Numerical analysis for 3D time-dependent Sutterby nanofluid flow capturing features of variable thermal conductivity and heat sink-source aspects

Abstract

Presently, due to its extraordinary mechanical, thermal, electrical and biomedical facets nanofluids deliver several prospects to exaggerate the propensity of isothermal systems by augmenting the conductivity features of the host fluids. In various areas of the energy partition, nanoparticles show a remarkable measure in energy storage, energy variation, and energy convertible, i.e. thermoelectric plans, petroleum cells, supercapacitors, stellar cells, rechargeable batteries, light-radiating diode and carbon-based light-radiating diode, smart coatings.
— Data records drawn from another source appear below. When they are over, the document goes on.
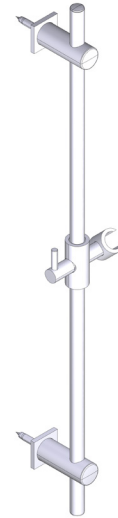

SPECIFICATIONS

DESCRIPTION

- 30" Slide Bar only with Sliding Handshower Holder
- Brass construction
- Modern/Transitional design
- Sliding hand shower parking bracket
- Length may not be cut down

WARRANTY

30" Slide Bar only with Sliding Handshower Holder

MODELS: 300127SB

For warranty or additional information, contact:

US Customers

U.S.A.
houseofrohl.com/support
 1-800-777-9762

Canadian Customers

QUEBEC / MARITIMES / WESTERN CANADA
 QUÉBEC / MARITIMES / OUEST CANADIEN
 QUEBEC / MARITIMOS / CANADA OCCIDENTAL
houseofrohl.ca/support
 1-866-473-8442

ONTARIO
houseofrohl.ca/support
 1-800-287-5354

SPÉCIFICATIONS

DESCRIPTION

- Barre coulissante de 30 po seulement avec support de douche à main coulissant
- Fabrication en laiton
- Design moderne/transitionnel
- Support de douche à main coulissant
- La barre ne peut être raccourcie

ESPECIFICACIONES

DESCRIPCIÓN

- Barra deslizante de 30" solo con soporte deslizante para regadera de mano
- Fabricación en latón
- Diseño moderno/transicional
- Soporte deslizante para regadera de mano
- La longitud no se puede reducir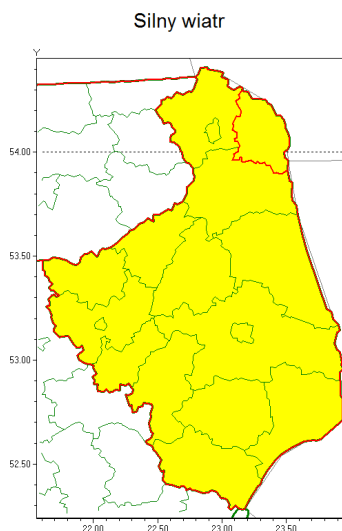

Zasięg ostrzeżenia w województwie

Ostrzeżenie meteorologiczne Nr 86

Nazwa biura	IMGW-PIB Centralne Biuro Prognoz Meteorologicznych - Wydział w Białymstoku
Zjawisko/stopień zagrożenia	Silny wiatr/ 1
Obszar	województwo podlaskie powiat sejneński
Ważność	od godz. 00:00 dnia 24.09.2021 do godz. 12:00 dnia 24.09.2021
Przebieg	Prognozuje się wystąpienie umiarkowanego i do silnego wiatru o średniej prędkości od 25 km/h do 40 km/h, w porywach do około 75 km/h, z kierunków zachodnich. Lokalnie, zwłaszcza podczas burz, możliwe są porywy do 90 km/h. Najsilniejszy wiatr spodziewany jest po północy i nad ranem.
Prawdopodobieństwo wystąpienia zjawiska(%)	80%
Uwagi	Brak.
Dyrektor synoptyk IMGW-PIB	Mateusz Zamajtys
Godzina i data wydania	godz. 11:40 dnia 23.09.2021
SMS	IMGW-PIB OSTRZEŻENIE: WIATR/1 podlaskie/sejneński od 00:00/24.09 do 12:00/24.09.2021 prędkość do 40 km/h, porywy do 90 km/h, od SW do NW.
Opracowanie niniejsze i jego format, jako przedmiot prawa autorskiego podlega ochronie prawnej, zgodnie z przepisami ustawy z dnia 4 lutego 1994r o prawie autorskim i prawach pokrewnych (dz. U. z 2006 r. Nr 90, poz. 631 z późn. zm.). Wszelkie dalsze udostępnianie, rozpowszechnianie (przedruk, kopiowanie, wiadomości sms) jest dozwolone wyłącznie w formie dosłownej z bezwzględnym wskazaniem źródła informacji tj. IMGW-PIB.	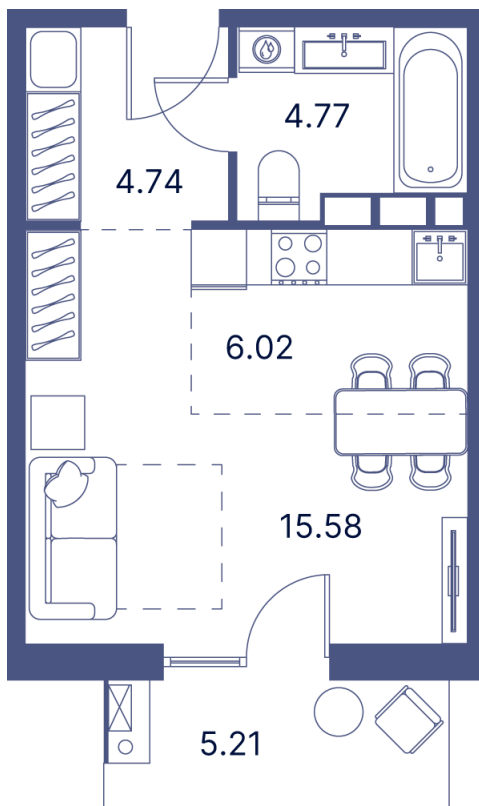

Номер: 578

Студия 41.8 м²

Отсканируйте QR-код и
смотрите на сайте
portdazur.com

Цена по запросу

Чистовая отделка

на Sea Breeze

Корпус	Дом 3	Этаж	12
Секция	10		

25.05.2026 13:29 (Мск)

Не является публичной офертой, цена может быть скорректирована.
Информация взята с сайта «portdazur.com».

На этаже 12

Студия 41.8 м²

25.05.2026 13:29 (Мск)

Не является публичной офертой, цена может быть скорректирована.
Информация взята с сайта «portdazur.com».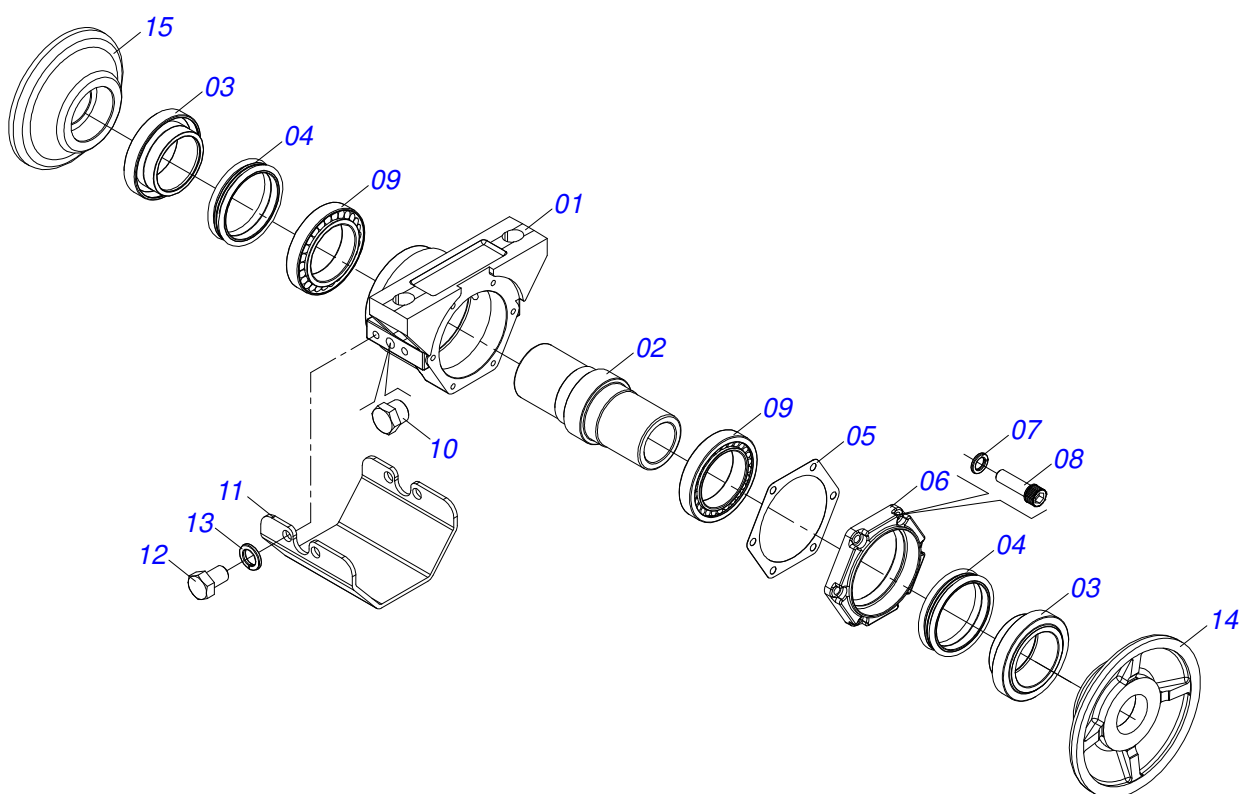

Item	Código	Descrição	Ver Pág.	QT
01	0502012482	CAIXA MANCAL		01
02	0502040810	EIXO PARA MANCAL		01
03	0502040198	PORTA RETENTOR COM BUCHA		02
04	0503030028	RETENTOR LP JB-257		02
05	0503032999	JUNTA VEDACAO SEXTAVADA 6 FUROS		03
06	0502012481	TAMPA CAIXA		01
07	0503011443	ARRUELA PRESSAO 3/8 SA		06
08	0503010175	PARAFUSO 3/8UNCX1.1/4CCSI 12.9 1K24644		06
09	0503010107	ROLAMENTO 27687/27620		02
10	0503010856	BUJAO R 3/8 BSPT		02
11	0551017124	CAPA PROTECAO (MANCAL 266)GAICR-EHD		01
12	0503011401	PARAFUSO 1/2 UNC X 3/4 C S		04
13	0503010019	ARRUELA PRESSAO 1/2 ZN 1K01556		04
14	0581012051	ENCOSTO EXTERNO DISCO MANCAL AGRICOLA DM OL 292 X 2.1/8		01
15	0581012052	ENCOSTO INTERNO DISCO MANCAL AGRICOLA DM OL 292 X 2.1/8		01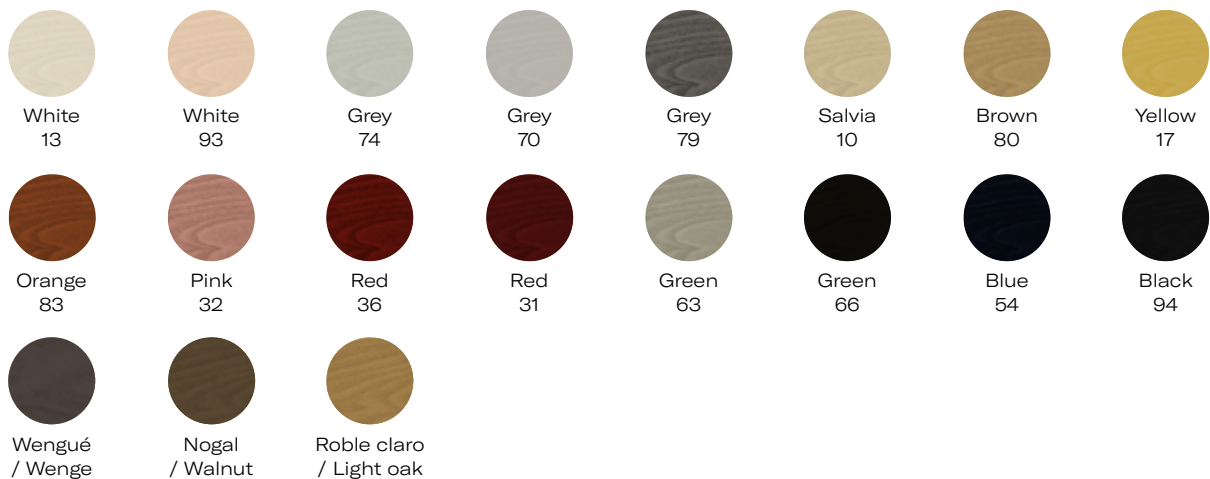

RAL
9004

Acabados metálicos / Metal finishes

Niquelado brillo
/ Nickel-plated
shine

Niquelado mate
/ Nickel-plated
matt

Niquelado negro
brillo / Bright
black nickel-plated

Los colores y acabados referenciados en este catálogo pueden variar respecto a la realidad, para una equivalencia mas precisa consultar el muestrario general de materiales y acabados. Todos los colores de pinturas y lacas corresponden a la carta RAL. Todos nuestros productos se pueden personalizar a la medida de cada proyecto, de hostelería y colectividades, según los requerimientos de cada cliente y prescriptor. Todas las medidas están expresadas en cm, con una tolerancia de +/- 0.5.

P0151
Pesca

P0158
Camelia

P0159
Creta

P0262
Mimetico

P0202
Peltro

P0203
Elefante

P0152
Cotto

P0274
Dattero

White
13

Grey
74

Pink
32

Red
31

Blue
54

Black
94

Acabados de sobres de mesas / Table top finishes

Madera de fresno y roble lacada / Lacquered ash & oak wood

Madera de haya tintada / Dye beech wood

Madera natural barnizada / Natural wood varnished

Dekton acabado mineral / Dekton mineral finishes

Silestone acabado mineral / Silestone mineral finishes

Acabados Formica / Formica finishes

In this current conversation, we anticipated an unsteady 3D flow of the Sutterby nanofluid consequence of a bidirectional extended surface. To envision the thermophoresis and Brownian motion properties in Sutterby’s nanofluid, the Buongiorno association is utilized in an additional refined technique. Variable thermal conductivity with heat source/sink property occurred deliberated considering heat transmission techniques. The appropriate transformation is applied for transposing the PDEs into nonlinear ODEs. For numerical results, the bvp4c programmed is prerequisite for elucidating the subsequent Ordinary differential equations. The distinct performance of the Sutterby nanofluid temperature and the concentration field are designated and discussed in the physical parameter’s aspect. It is clear that the temperature of the Sutterby fluid decreases with respect to the ratio of stretching rates parameter and similar developments are observed for the thermophoresis and Brownian motion parameters. Furthermore, the concentration profile declines for sophisticated estimates of the Lewis number and thermophoresis parameters.